Monday, 14 June 2010

Sentance to ponder [sic]

Andrew Sentance (yes, sorry about that) writes in the Sunday Times about inflation and in particular, why it is stubbornly high in the UK compared to the rest of the world.

Taking out the VAT rise, strong oil price and fall in the pound, he notes that:
It appears that instead of pushing down significantly on cost and price increases, the impact of spare capacity on domestic inflation has been muted.
Assuming this is correct - and we must remember that there is an economic recovery under way, so we'd expect some inflation - we are left with an important question. Why is there so little spare capacity in the UK?

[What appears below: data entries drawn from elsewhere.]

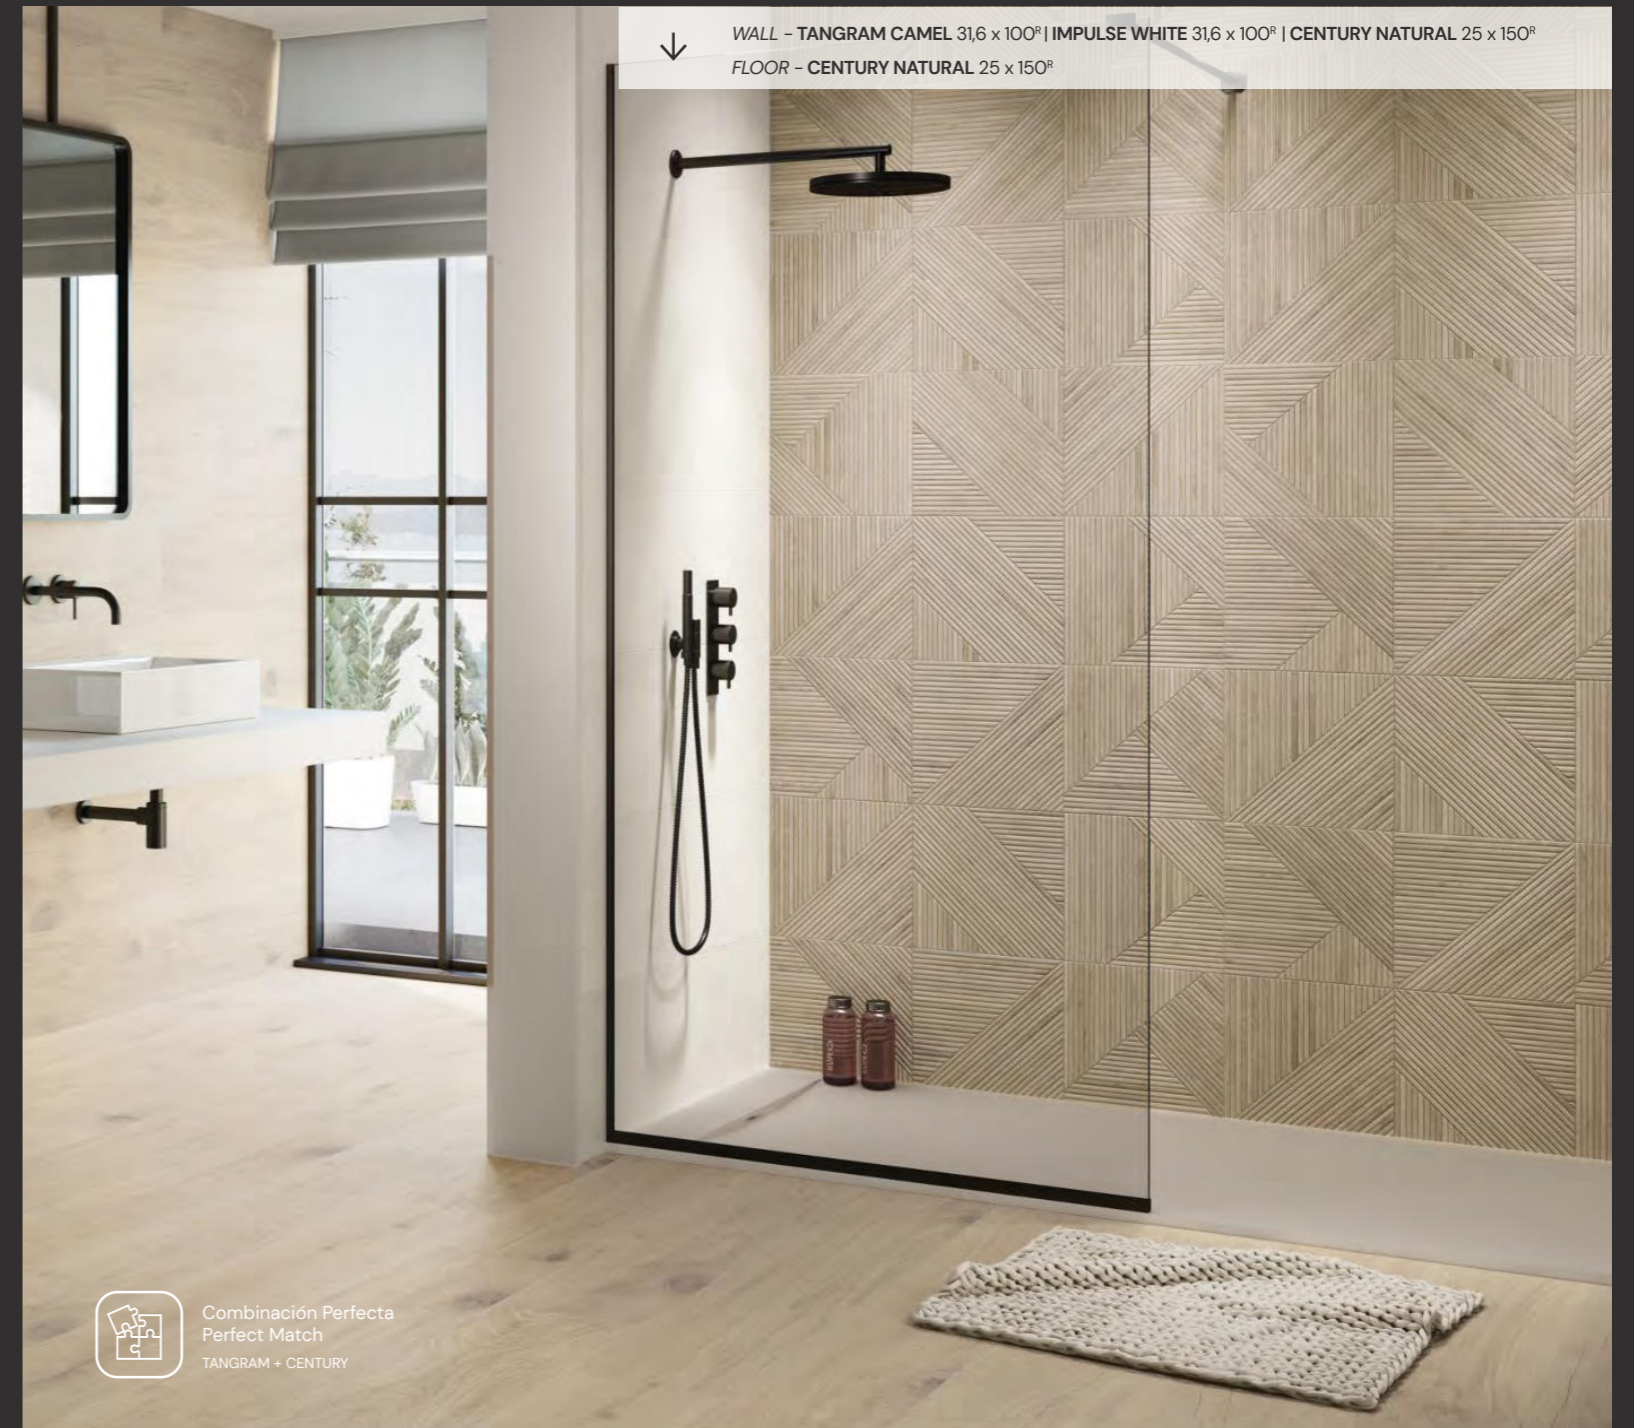

# Tangram & Impulse

PASTA BLANCA  
WHITE BODY

spiritual wood

Camel

Walnut

Coffee

↓ WALL - TANGRAM CAMEL 31,6 x 100° | IMPULSE WHITE 31,6 x 100° | CENTURY NATURAL 25 x 150°  
FLOOR - CENTURY NATURAL 25 x 150°

V2 Variación cromática leve  
Slight colour variation

G2 Variación gráfica leve  
Slight graphic variation

Formato  
Format

31,6 x 100<sup>R</sup> · 12,4" x 39,4"

Acabado  
Finish

Mate

Deslizamiento  
Coefficient of friction

It's important not just in order to keep inflation down. More deeply, it matters because real growth in the economy only happens when more productive capacity comes into use. If there is no spare capacity, we can't have growth until we invest in new production, and that takes time.

Sentance points out that:
Unemployment has risen to a lower level the early 1980s and early 1990s — it is at 8% of the labour force rather than 10%. The latest CBI survey shows 62% of manufacturers reporting spare capacity, in line with the average for the decade before the crisis. This evidence is hard to square with the drop in GDP figures...
The 62% figure may hide something - it doesn't tell us how much spare capacity each manufacturer has. If, instead of falling across the board, sales held up for the highest-quality companies and fell disproportionately for the rest, there might now be more capacity unused than in the past. Unfortunately, it would be of the kind that is less likely to come back into use as the economy grows. Successful companies are more likely to invest in building new high-quality capacity than to find clever ways to quickly use the excess that sits in their competitors' factories.

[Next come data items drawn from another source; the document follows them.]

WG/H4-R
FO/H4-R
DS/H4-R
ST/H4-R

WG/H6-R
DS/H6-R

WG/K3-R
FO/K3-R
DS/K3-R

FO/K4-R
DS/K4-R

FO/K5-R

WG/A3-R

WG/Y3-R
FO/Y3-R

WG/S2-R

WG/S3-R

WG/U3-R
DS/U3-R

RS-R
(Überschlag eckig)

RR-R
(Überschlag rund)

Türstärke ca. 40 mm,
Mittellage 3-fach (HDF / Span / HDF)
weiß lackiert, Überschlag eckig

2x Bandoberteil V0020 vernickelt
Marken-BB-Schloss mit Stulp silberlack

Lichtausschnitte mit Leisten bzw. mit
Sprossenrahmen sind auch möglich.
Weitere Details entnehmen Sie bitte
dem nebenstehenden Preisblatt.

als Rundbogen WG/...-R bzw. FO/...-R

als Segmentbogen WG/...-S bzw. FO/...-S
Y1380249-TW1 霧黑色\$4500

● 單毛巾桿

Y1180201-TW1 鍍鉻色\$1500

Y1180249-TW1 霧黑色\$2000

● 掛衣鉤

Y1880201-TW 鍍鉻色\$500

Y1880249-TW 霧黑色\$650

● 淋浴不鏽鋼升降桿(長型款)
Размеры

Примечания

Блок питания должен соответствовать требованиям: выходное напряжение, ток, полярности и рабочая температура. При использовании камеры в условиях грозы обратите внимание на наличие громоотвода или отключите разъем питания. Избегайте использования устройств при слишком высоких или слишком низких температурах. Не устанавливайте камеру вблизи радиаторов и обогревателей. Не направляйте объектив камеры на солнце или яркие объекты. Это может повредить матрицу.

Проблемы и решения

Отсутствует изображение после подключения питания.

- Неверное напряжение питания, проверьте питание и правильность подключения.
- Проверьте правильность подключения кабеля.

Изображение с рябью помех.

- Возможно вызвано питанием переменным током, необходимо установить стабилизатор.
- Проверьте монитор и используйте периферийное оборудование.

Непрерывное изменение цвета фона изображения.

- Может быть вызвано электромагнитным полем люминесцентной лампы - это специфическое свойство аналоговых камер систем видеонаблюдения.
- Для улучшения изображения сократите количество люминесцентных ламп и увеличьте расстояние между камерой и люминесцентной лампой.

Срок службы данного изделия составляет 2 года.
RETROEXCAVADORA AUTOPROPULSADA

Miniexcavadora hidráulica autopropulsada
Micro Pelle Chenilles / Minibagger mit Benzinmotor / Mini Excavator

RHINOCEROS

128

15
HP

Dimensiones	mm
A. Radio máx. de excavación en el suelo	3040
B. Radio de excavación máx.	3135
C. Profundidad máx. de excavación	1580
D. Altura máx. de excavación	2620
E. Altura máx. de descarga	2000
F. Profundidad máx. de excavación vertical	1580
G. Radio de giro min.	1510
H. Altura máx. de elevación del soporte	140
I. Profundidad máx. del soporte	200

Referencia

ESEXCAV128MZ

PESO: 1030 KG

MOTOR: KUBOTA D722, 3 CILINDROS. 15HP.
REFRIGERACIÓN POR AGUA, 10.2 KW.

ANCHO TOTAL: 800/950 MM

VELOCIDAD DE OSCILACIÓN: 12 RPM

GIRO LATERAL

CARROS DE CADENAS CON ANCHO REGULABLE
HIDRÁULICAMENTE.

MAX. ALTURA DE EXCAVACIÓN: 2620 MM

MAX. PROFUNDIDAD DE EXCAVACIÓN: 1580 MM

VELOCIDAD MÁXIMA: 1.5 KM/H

Similarly with the labour force - which is a more important component of economic capacity in the UK economy than the capital stock. Unemployment has risen a few percentage points, but perhaps the people who lost their jobs were mostly the marginal employees - who are unlikely to contribute much to productive growth in the recovery. There is, unfortunately, a large number of people in the UK without many marketable skills.

One of the most important meanings of the economists' beloved word "flexibility" in the economy is its ability to bring marginal resources into useful operation. Marginal labour and capital will only be employed if there are creative people ready to figure out how to make that happen.

It's a cliche to bemoan the lack of two things in the British economy: management skills and an educated workforce - but I fear that lack is exactly what leads to the OBR's new estimate of spare capacity in the UK: a frighteningly tiny 2%.

1 comment:

ROFO said...

Come to Tunisia and you'll forget about inflation in UK ! we pay 18% VAT, hundreds of thousands of jobless people...not convinced? OK, just to summarize it for you:

80% of people work for TWO DAYS just to buy 1 Kg of lamb!